Pročitaj na engleskom Uredi

Deli putem


Get started with DataFrames

Learn how to get started with DataFrames, which are two-dimensional data structures for storing and manipulating data. DataFrames help with preparation of data for a machine learning model. DataFrames can also be used for data manipulation unrelated to machine learning.
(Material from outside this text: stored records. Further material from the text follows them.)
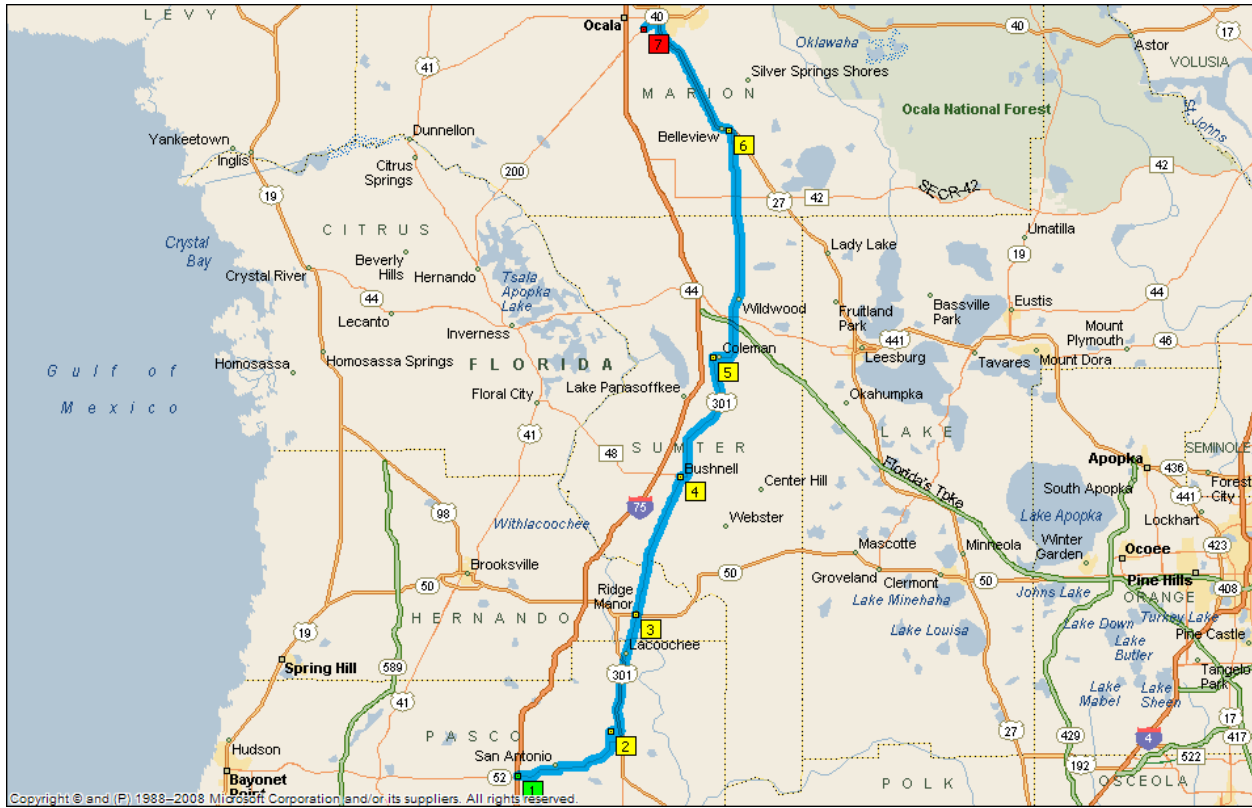

## FL1-F2 Ocala Visitation

Summary: 73.4 miles (1 hour, 30 minutes)

Instruction	For
Depart Flying J LEFT on SR-52 (East)	8.7 mi
Keep STRAIGHT onto CR-41 [CR-578]	0.8 mi
Turn RIGHT onto CR-578 [Calle de Milagros]	0.8 mi
Turn LEFT onto US-301 [US-98]	9.4 mi
At SR-35, Dade City, FL 33523, stay on US-301 [SR-35] (North)	22.4 mi
Turn RIGHT to stay on US-301 [SR-35]	19.5 mi
Bear LEFT (West) onto US-27 [US-301]	10.4 mi
Turn LEFT (West) onto SR-200 [SW 10th St]	1.4 mi
Arrive Golden Corral [2111 SW College Rd, Ocala FL 34474, United States, (352) 690-3020]	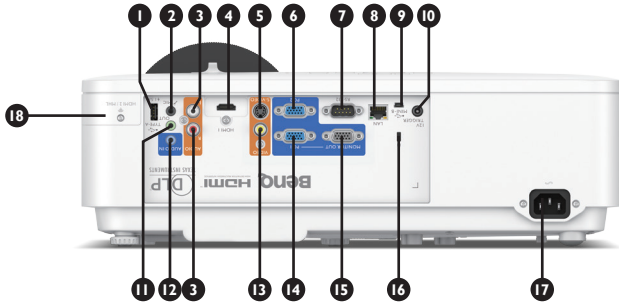

Input and Output Terminals

- 1 USB TypeA (1.5A power)
- 2 Microphone Input (Mini jack)
- 3 Audio L / R Input (RCA)
- 4 HDMI-I
- 5 S-Video
- 6 PC 2 Input (D-sub 15pin, Female)
- 7 RS232 Input (D-sub 9pin, male)
- 8 LAN (RJ45) (Control & FW Upgrade)
- 9 USB Type min B (For Page up / down and FW upgrade)
- 10 DC 12V Trigger (3.5 mm Jack)
- 11 Audio Output (mini jack)
- 12 Audio Input (mini jack)
- 13 Composite Video (RCA)
- 14 PC 1 Input (D-sub 15pin, Female)
- 15 Monitor Output (D-sub 15pin, Female)
- 16 Kensington anti-theft lock slot
- 17 AC Power Jack
- 18 HDMI-2 / MHL (Hidden space for QCast / QCast Mirror)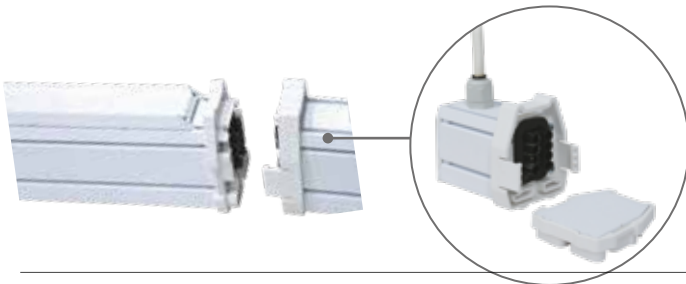

LED MALL PlugIN

Install Microsoft.Data.Analysis

In most cases, accessing DataFrame is as simple as referencing the Microsoft.Data.Analysis NuGet package.

.NET CLI
dotnet add package Microsoft.Data.Analysis

Load data

DataFrames make it easy to load tabular data. Create a comma-separated file called housing-prices.csv with the following data.

text
Id,Size,HistoricalPrice,CurrentPrice
1,600f,100000,170000
2,1000f,200000,225000
3,1000f,126000,195000
4,850f,150000,205000
5,900f,155000,210000
6,550f,99000,180000

Start by loading the data into a DataFrame.

C#
using System.IO;
using System.Linq;
using Microsoft.Data.Analysis;

// Define data path
var dataPath = Path.GetFullPath(@"housing-prices.csv");

// Load the data into the data frame
var dataFrame = DataFrame.LoadCsv(dataPath);

Inspect data

DataFrames store data as a collection of columns. This makes it easy to interact with the data.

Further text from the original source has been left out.